Selasa, 28 November 2017

CERITA HANTU






Waktu menunjukkan pukul 9 malam lebih sedikit. Musik dangdut yang mengalun syahdu dan aroma khas rokok kretek segera menyeruak ketika saya memasuki kelab dangdut di pinggiran kota ini. Kebetulan saya sedang menunggu kehadiran seorang teman di tempat itu. Entah alasan apa sang teman malah mengajak saya untuk meeting di tempat ini. Saya sengaja mengambil tempat agak di pinggir, sedikit terhalang oleh meja bar.

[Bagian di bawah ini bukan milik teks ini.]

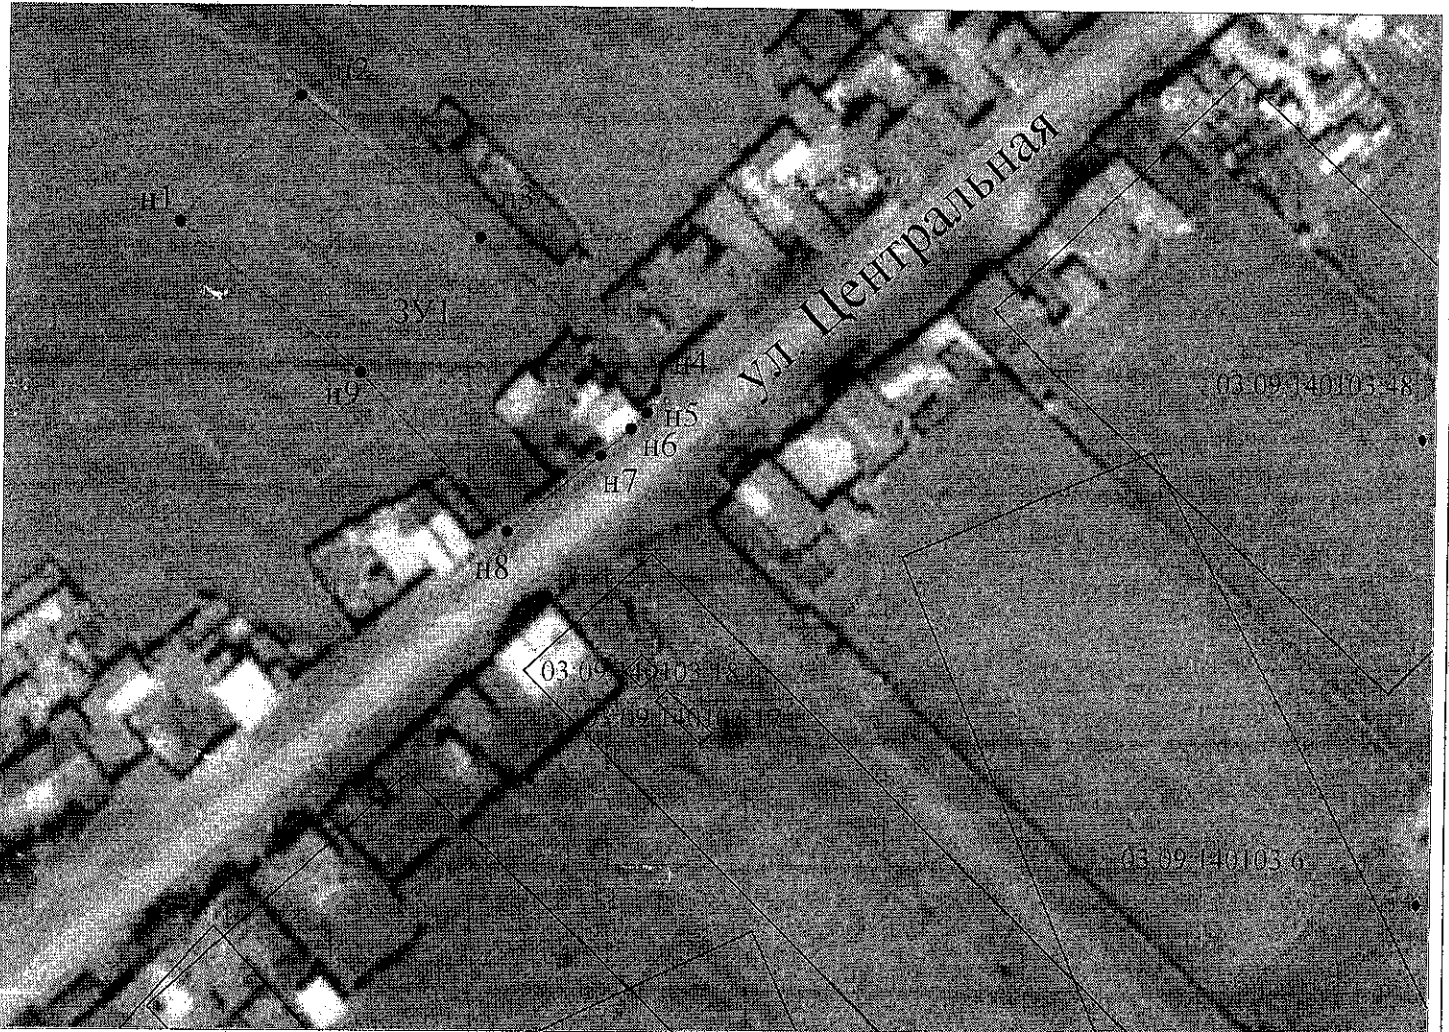

"УТВЕРЖДЕНА"

№ _____ от " ____ " _____ 2015 г.

Глава МО СП «Оймурское»
Кабанского р-на Республики Бурятия
М.П. _____ /В.В. Посохов/

с
↑
Ю

Кадастровый номер земельного участка 03:09:140102:3У1		
Площадь земельного участка: 1362 кв.м.		
Обозначение характерных точек границ	Координаты, м	
	X	Y
1	2	3
н1	586316,28	3299904,82
н2	586332,03	3299919,86
н3	586314,31	3299942,65
н4	586295,09	3299965,03
н5	586292,20	3299963,99
н6	586290,17	3299961,98
н7	586286,77	3299958,20
н8	586277,17	3299946,51
н9	586297,12	3299927,76
н1	586316,28	3299904,82

**Схема расположения земельного участка или земельных участков
на кадастровом плане территории**

М 1:1000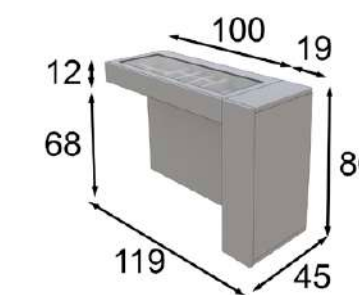

* Tapizado a elegir en carta
* Upholstery to choose
from our swatchbook

Ref. 42535
Tocador / Vanity dresser

Mate Matt	Frentes Brillo Front HG	Alto Brillo High Gloss
500p	550p	625p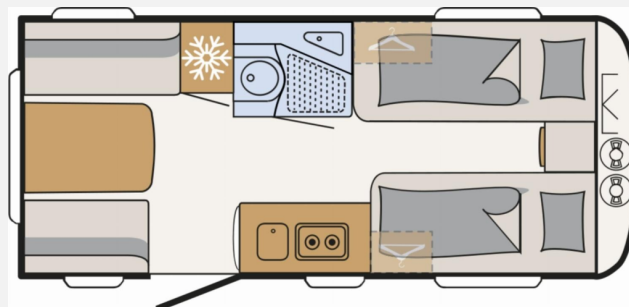

Exposé

Dethleffs Camper 460 EL

~~31.498,-€~~ **24.799,- €**

MwSt. ausweisbar

Fahrzeug

Grundriss

Technische Daten

Modell-/Baujahr	2026
Anzahl Schlafplätze	3
Gesamtlänge	691 cm
Gesamtbreite	230 cm
Höhe	271 cm
Innenhöhe	198 cm
Umlaufmaß	948 cm
Aufbaulänge	560 cm
Masse in fahrber. Zustand	1281 kg
techn. zul. Gesamtmasse	1700 kg
Zuladung	419 kg
Infrastruktur	WC
Liegeflächen	Einzelbett (190x85)
Polster	Wohnwelt Rooftop
Farbe	weiß
	Einzelbett

Beschreibung

- Wohnwelt Rooftop
- Deichselabdeckung
- Auflastung 1.700 kg (inkl. Stahlrad 195 R14 C LI106)
- 17" Alufelgen im Dethleffs-Design (Einachser)
- Breite Wohnraumeingangstüre mit Fenster, einteilig
- Elektrische Fußbodenerwärmung
- Bettumbau Einzelbetten zu Doppelbett
- Einbau Klimaanlage vorbereitet
- Dusch-Paket (Duschausstattung inkl. Duscharmatur und -vorhang, City-Wasseranschluss)
- Multifunktionsschale 2 Stück

Wajar saja, sebagai orang yang baru pertama kali menginjakkan kaki di tempat yang bersahaja ini, saya tidak mau menjadi pusat perhatian. 

 “Abang mau minum apa bang..? Bir hitam apa bir putih?” Tanya seorang pelayan wanita berbadan gempal dengan pakaian serba ketat dan gincu tebal yang tiba-tiba saja muncul dari kegelapan. Sebauh tawaran yang biasanya sulit untuk daya tolak. Namun sayang, malam itu kebetulan maag saya sedang kambuh sehingga tidak selera untuk meminum bir. Sementara tempat semacam itu jelas tidak memungkinkan untuk memesan jus segar atau jahe hangat. Di sisi lain, saya juga tidak mau terlihat culun. Maka saya menanyakan jenis minuman apa lagi yang lebih keras dari bir. Karena menurut pengalaman saya, apapun yang lebih keras dari bir tentu volumenya jauh lebih sedikit. Sehingga cukup dengan segelas kecil saja maka saya tidak perlu tersiksa menghabiskan bir botol besar, sekaligus juga supaya gak kelihatan cupu-cupu amat. Sang pramusaji tersenyum sambil menganggukkan kepalanya. Seolah bisa membaca pikiran saya, dia pun permisi untuk mengambil minuman saya. 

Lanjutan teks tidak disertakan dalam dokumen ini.